A reminder to appellate counsel

No. 14-0660/AR. U.S. v. Michael C. Budka. CCA 20120435.  On further consideration of the granted issues (74 M.J. __ (C.A.A.F. Oct. 23, 2014)), and the briefs of the parties, we first conclude that the United States Army Court of Criminal Appeals did not abuse its discretion and did not violate the principle of party presentation, as outlined in Greenlaw v. United States, 554 U.S. 237, 243-44 (2008), when it summarily affirmed the finding of guilty to the offense of aggravated assault after the Government conceded that the factual predicate for that offense had not been met.  Under Article 66(c), Uniform Code of Military Justice (UCMJ), 10 U.S.C. § 866(c) (2012), the Court of Criminal Appeals may affirm only such findings of guilty as it finds correct in law and fact, and “[i]n considering the record, it may weigh the evidence, judge the credibility of witnesses, and determine controverted questions of fact, recognizing that the trial court saw and heard the witnesses.”  These factfinding powers are “unparalleled among civilian appellate tribunals,” and the decision in Greenlaw did not take those powers into consideration.
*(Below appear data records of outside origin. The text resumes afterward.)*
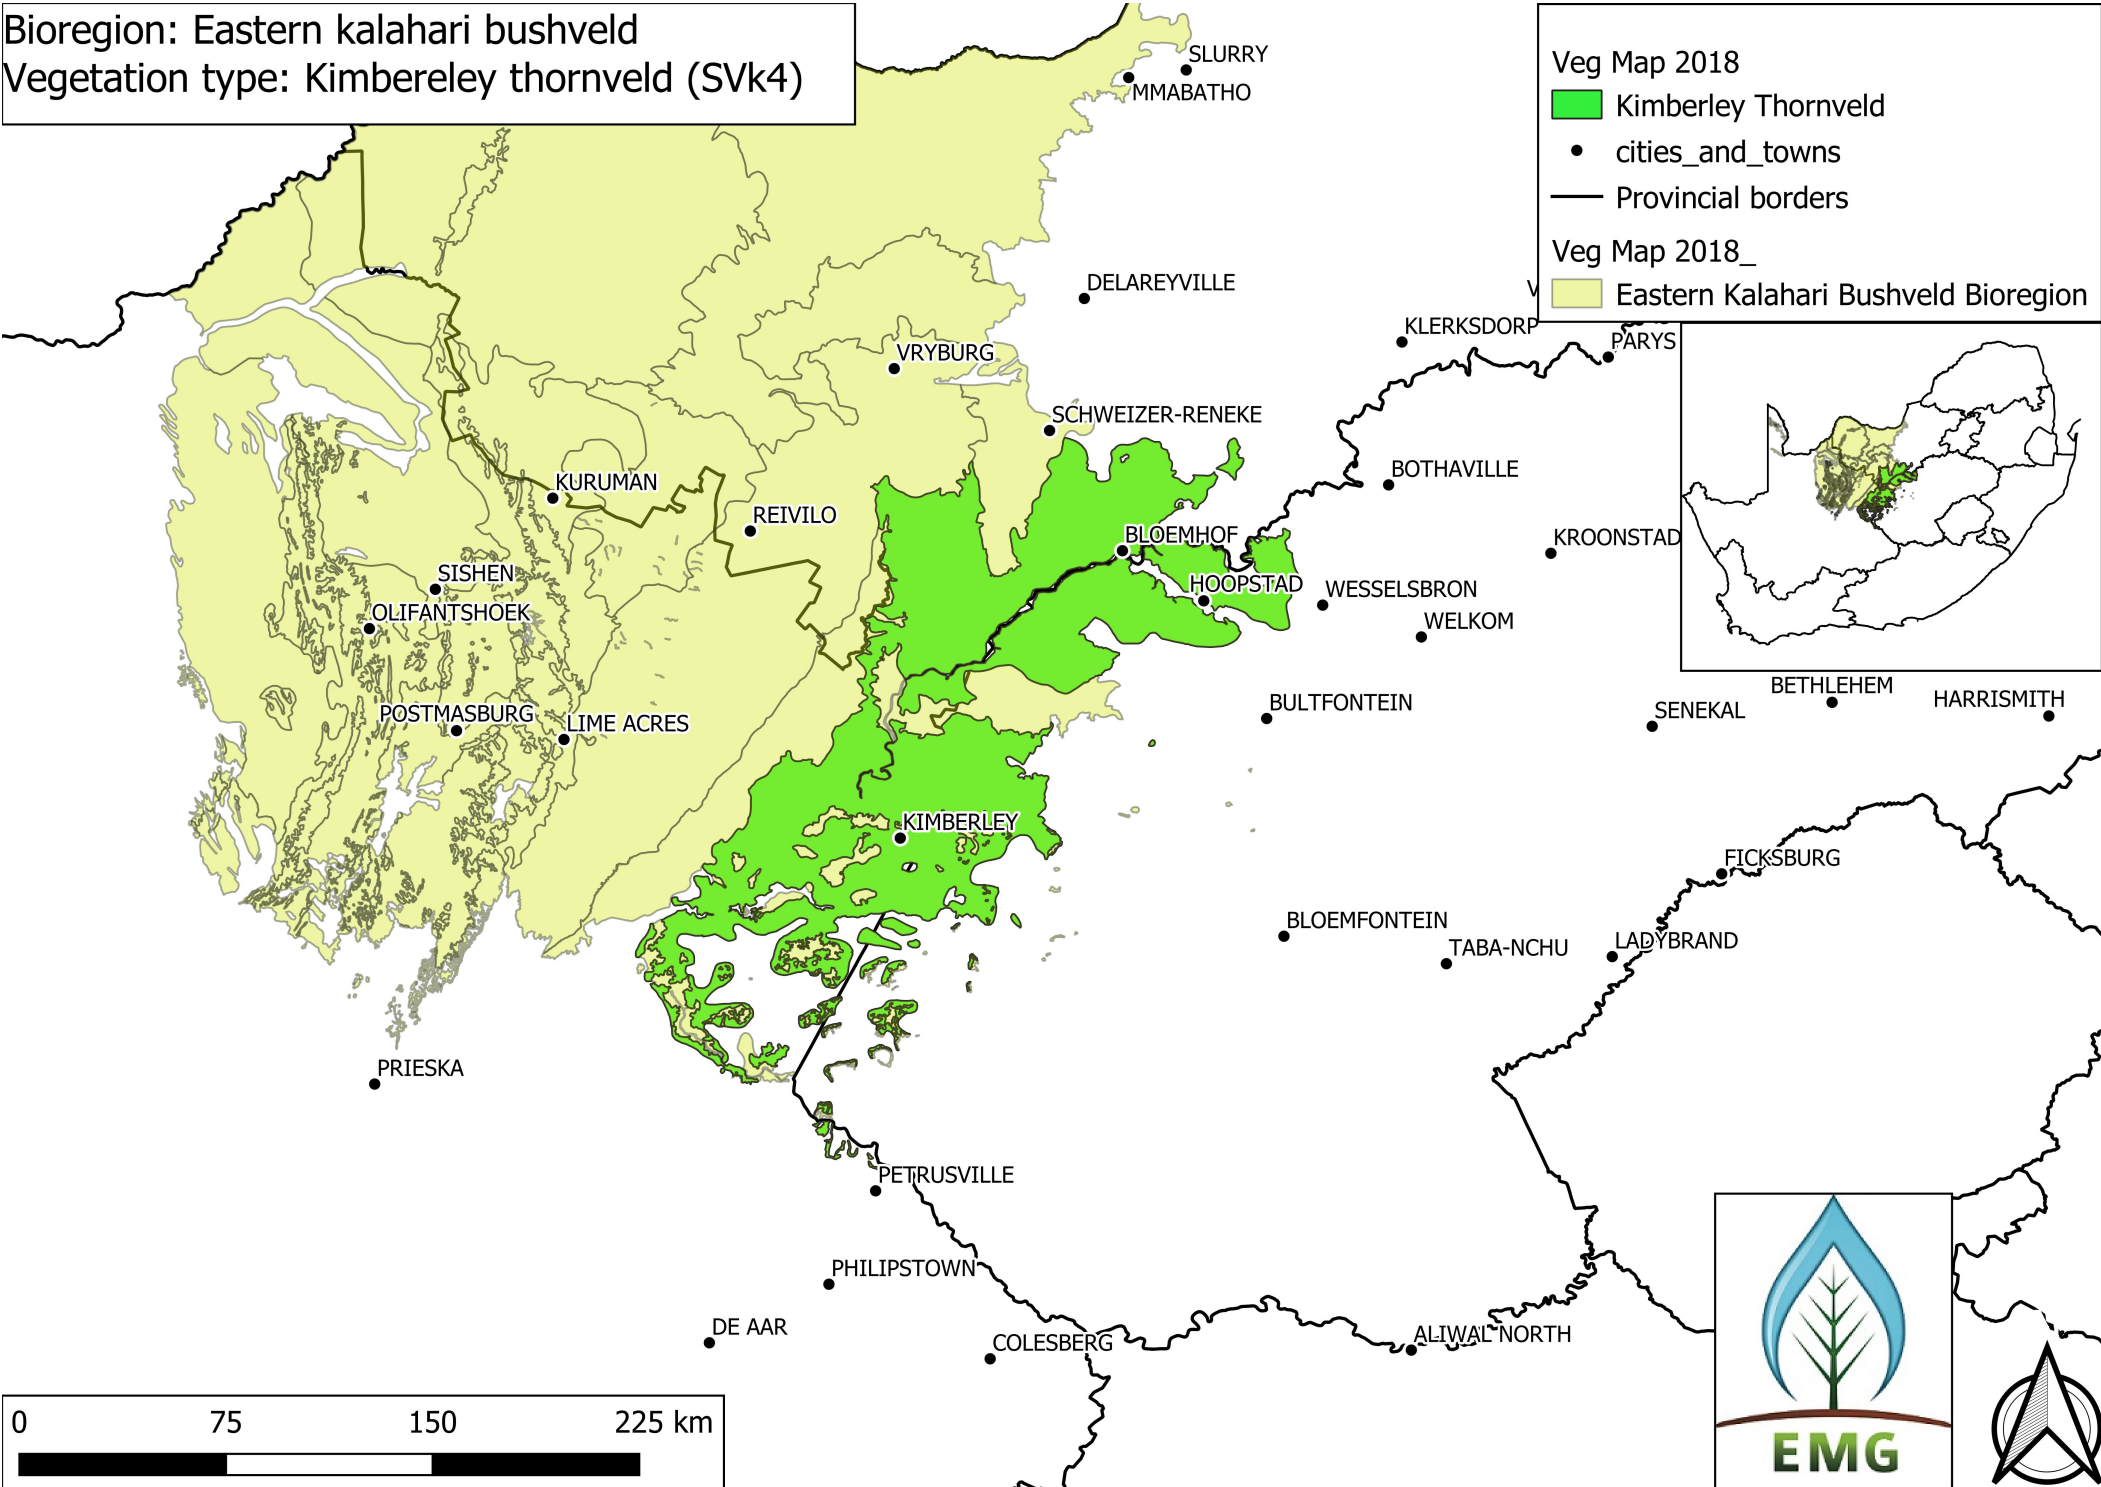

Bioregion: Eastern kalahari bushveld  
Vegetation type: Kimberley thornveld (SVk4)

Veg Map 2018

Kimberley Thornveld

cities\_and\_towns

Provincial borders

Veg Map 2018\_

Eastern Kalahari Bushveld Bioregion

# Proposed Nursing College and Accommodation

- Development area
  - Nursing college
  - Student accommodation
- Northern\_Cape\_CBA\_Map
  - Critical Biodiversity Area One
  - Critical Biodiversity Area Two
  - Ecological Support Area
  - Other Natural Areas
  - Protected Area
  - Storm water chanel
  - ROADS

0 0.25 0.5 0.75 km

# Proposed nursing college and student accommodation development

- Development area
- Nursing college
- Student accommodation
- cities and towns
- Provincial borders
- Roads

Scale: 1:12528  
LAT: 28°46'6.94"S  
LONG: 24°43'12.37"E
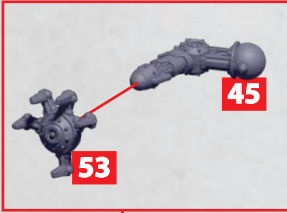

SEE PAGE 4 FOR
BODY ASSEMBLY

REPEAT BUILD
ON OPPOSITE SIDE

DRACONIC COLOSSUS - PROW ASSEMBLY

PARTS CAN BE FOUND ON THE **KOREAN AERIAL SQUADRON** SPRUE

SHENLONG DRACONIC COLOSSUS

PARTS CAN BE FOUND ON THE **KOREAN AERIAL SQUADRON** SPRUE

SHENLONG DRACONIC COLOSSUS

PARTS CAN BE FOUND ON THE **KOREAN AERIAL SQUADRON** SPRUE AND
ENLIGHTENED/EMPIRE ADD-ON SPRUE (SOME HARDPOINT (🔒/🔧) OPTIONS)

SEE PAGE 10 FOR
BODY ASSEMBLY

GANGCHEORI DRACONIC COLOSSUS
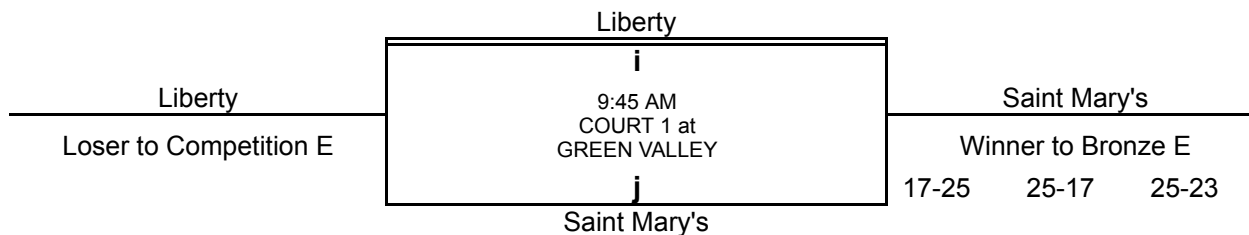

[top](#)

Classic Qualifying Round (Foothill)

Rim of the World
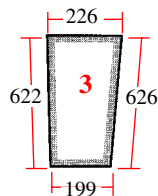

25/4016-2
(D.7041, 3125388R1)
Avant (droit)
Front (RH)
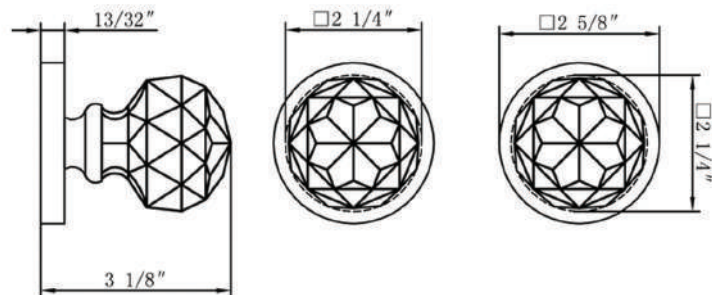

926-6
Shown in US15
Also available in: US4, US10B, US19, US26
Passage/Privacy **LIST PRICE $170**
Dummy **LIST PRICE $85**
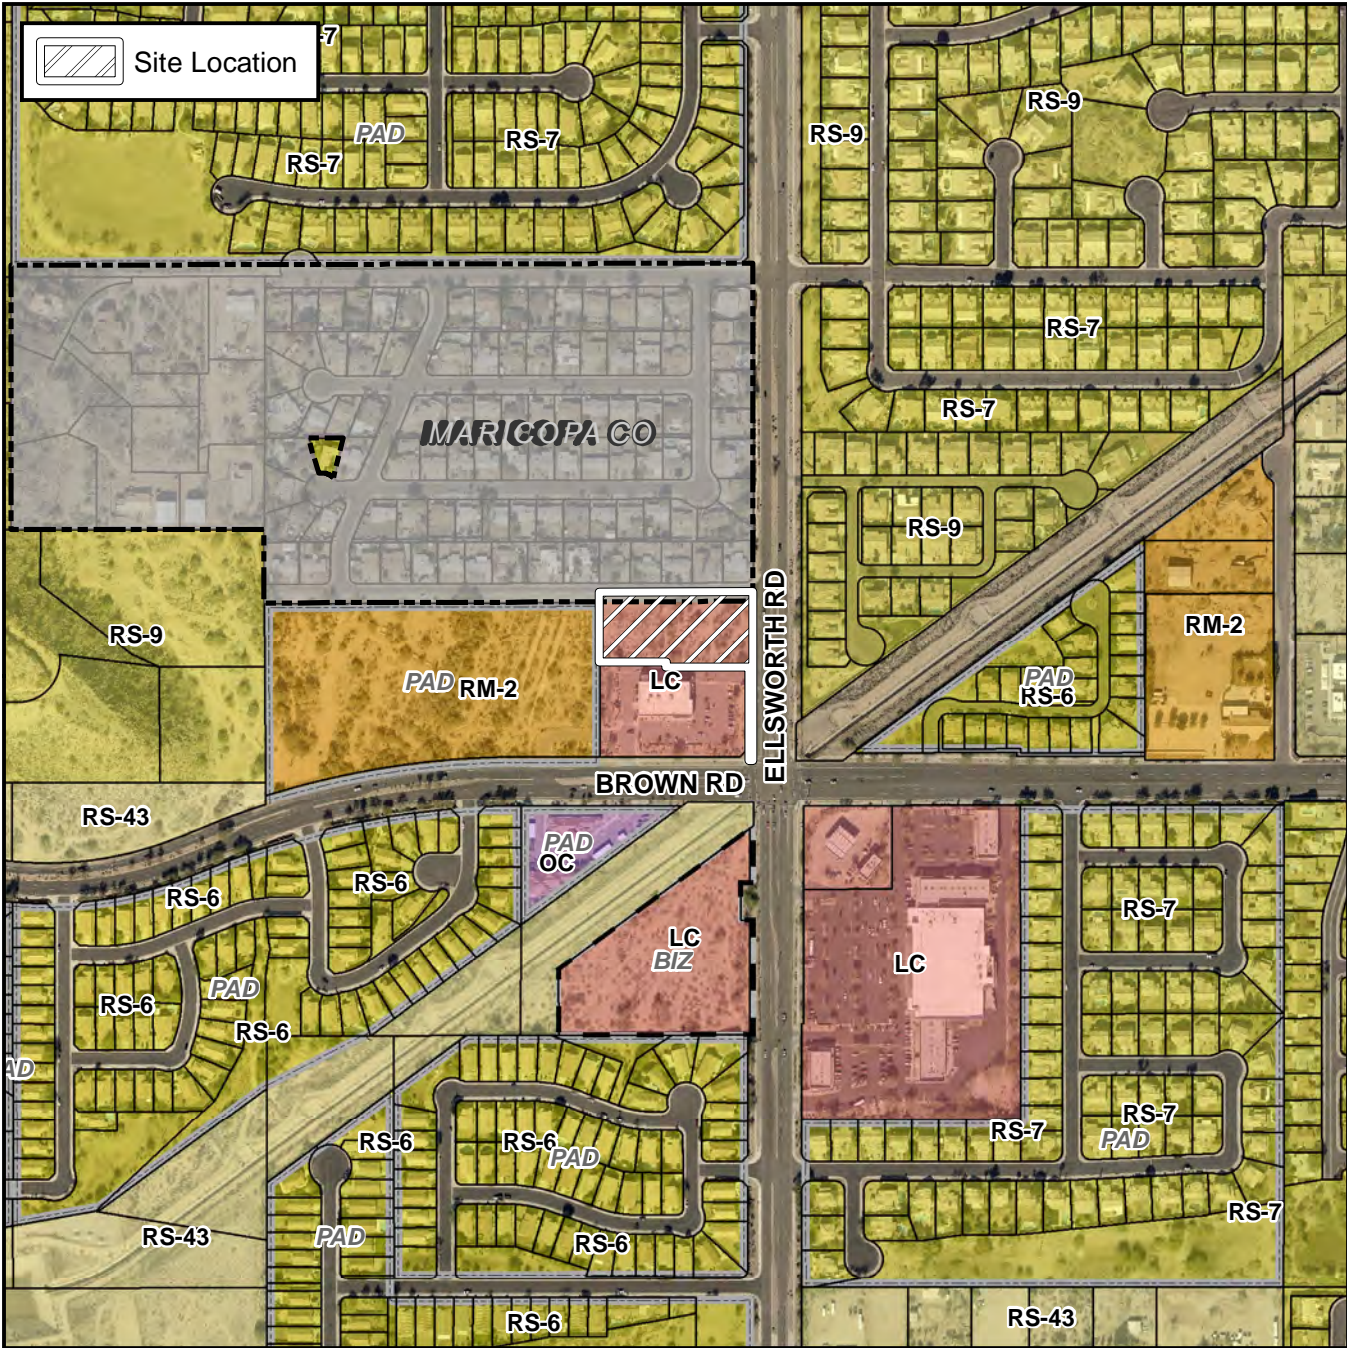

Planning and Zoning Vicinity Map: ZON17-00507

Case Details

CASE: ZON17-00507 **PRE-PLAT :**

SITE / ADDRESS:
 The 1200 block of North Ellsworth Road (west side) and the 9100 block of East Glencove Avenue (south side). Located north of Brown Road on the west side of Ellsworth Road. (1.8± acres) - District 5

REQUEST:
 Rezoning LC to LC (modification of Zoning Stipulation) and Site Plan Modification. This request will allow for the development of an enclosed RV storage facility in the LC zoning district.
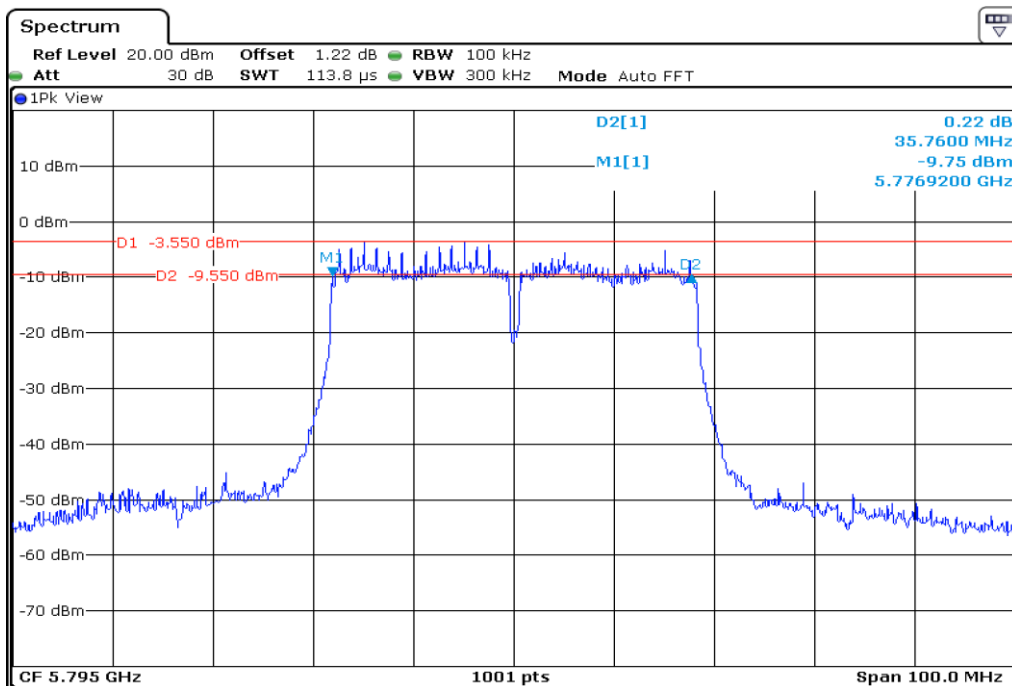

## Appendix Data

1. MINIMUM 6 DB BANDWIDTH.....	1
2. MIMIMUM 26 DB BANDWIDTH.....	22
3. 99% OCCUPIED BANDWIDTH .....	86
4. PEAK POWER SPECTRAL DENSITY .....	144
5. MAXIMUM CONDUCTED OUTPUT POWER(STADDLE CHANNEL) .....	212

Test Band				WLAN_UNI3			
Antenna				Ant 0			
Test Parameters for Channel Bandwidths							
Test Item	No.	Mode	Channel	Bandwidth	RU Tone	RB index	Verdict
6 dB Bandwidth	1	802.11 a	149	20 MHz	-	-	Pass
	2	802.11 a	157	20 MHz	-	-	Pass
	3	802.11 a	165	20 MHz	-	-	Pass
	4	802.11 n20	149	20 MHz	-	-	Pass
	5	802.11 n20	157	20 MHz	-	-	Pass
	6	802.11 n20	165	20 MHz	-	-	Pass
	7	802.11 n40	151	40 MHz	-	-	Pass
	8	802.11 n40	159	40 MHz	-	-	Pass
	9	802.11 ac80	155	80 MHz	-	-	Pass

1	6 dB Bandwidth
---	----------------

2	6 dB Bandwidth
---	----------------

3	6 dB Bandwidth
---	----------------

4 6 dB Bandwidth

5 6 dB Bandwidth

6	6 dB Bandwidth
---	----------------

7 6 dB Bandwidth

8 6 dB Bandwidth

9	6 dB Bandwidth
---	----------------

Test Band				WLAN_UNI3			
Antenna				Ant 1			
Test Parameters for Channel Bandwidths							
Test Item	No.	Mode	Channel	Bandwidth	RU Tone	RB index	Verdict
6 dB Bandwidth	1	802.11 a	149	20 MHz	-	-	Pass
	2	802.11 a	157	20 MHz	-	-	Pass
	3	802.11 a	165	20 MHz	-	-	Pass
	4	802.11 n20	149	20 MHz	-	-	Pass
	5	802.11 n20	157	20 MHz	-	-	Pass
	6	802.11 n20	165	20 MHz	-	-	Pass
	7	802.11 n40	151	40 MHz	-	-	Pass
	8	802.11 n40	159	40 MHz	-	-	Pass
	9	802.11 ac80	155	80 MHz	-	-	Pass
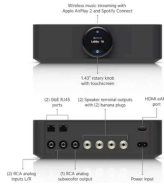

Q UPL-Amp-B

- Cloud Gateways
- Switching
- WiFi
- Camera Security
- Door Access
- Integrations
- Advanced Hosting
- Accessories

Premium Audio > [PowerAmp](#)

Datasheet

In The Box	Marketing Images	Installation Guide
------------	------------------	--------------------

Mechanical

Dimensions	With knob: 217 x 236.8 x 63.7 mm (8.5 x 9.3 x 2.5") Without knob: 217 x 217 x 63.7 mm (8.5 x 8.5 x 2.5")
Weight	2.4 kg (5.3 lb)
Enclosure material	Plastic
Mounting	Desktop
Color	Black White

Hardware

Networking interface	(2) GbE RJ45 ports
WiFi standards	802.11 a/b/g/n/ac
Connectivity	WiFi 2.4G, BW 20/40 MHz WiFi 5G, BW 20/40/80 MHz
Power method	(1) Universal AC input, 100-240V AC, 2.5A Max., 50/60 Hz
Power consumption	17W
LEDs	LED ring
LCM display	1.43" rotary knob with touchscreen
Button	Factory reset
Ambient operating temperature	-5 to 40° C (23 to 104° F)
Ambient operating humidity	5 to 90% noncondensing
Certifications	FCC, IC, CE

Grouping	Up to 32 PowerAmps
Audio input	(1) HDMI eARC input (2) RCA analog inputs L/R
Audio output	(1) RCA analog subwoofer output (2) Speaker terminal outputs with (2) banana plugs
Streaming	AirPlay2, Spotify Connect, Soundtrack Your Brand
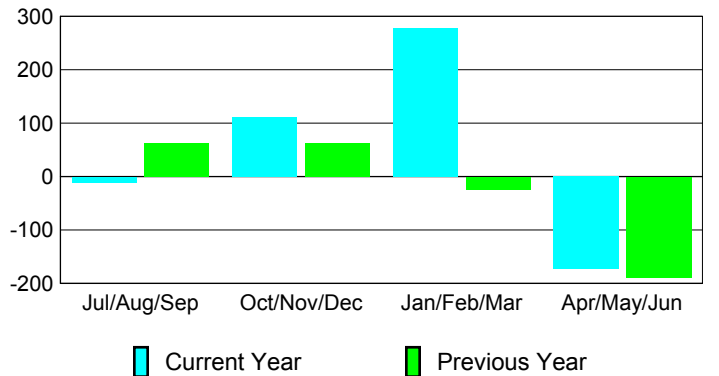

Gender Comparison 2008-2009

Jul/Aug/Sep

Oct/Nov/Dec

Jan/Feb/Mar

Apr/May/June

Male

Female

United States v. Baker, 28 M.J. 121, 122 (C.M.A. 1989). Neither the Court of Criminal Appeals, nor this Court, is bound by government concessions. See United States v. Emmons, 31 M.J. 108, 110 (C.M.A. 1990); United States v. Hand, 11 M.J. 321, 321 (C.M.A. 1981); United States v. Wille, 9C.M.A. 623, 627, 26 C.M.R. 403, 407 (1958); United States v. McNamara, 7 C.M.A. 575, 578, 23 C.M.R. 39, 42 (1957); United States v. Patrick, 2 C.M.A. 189, 191, 7 C.M.R. 65, 67 (1953).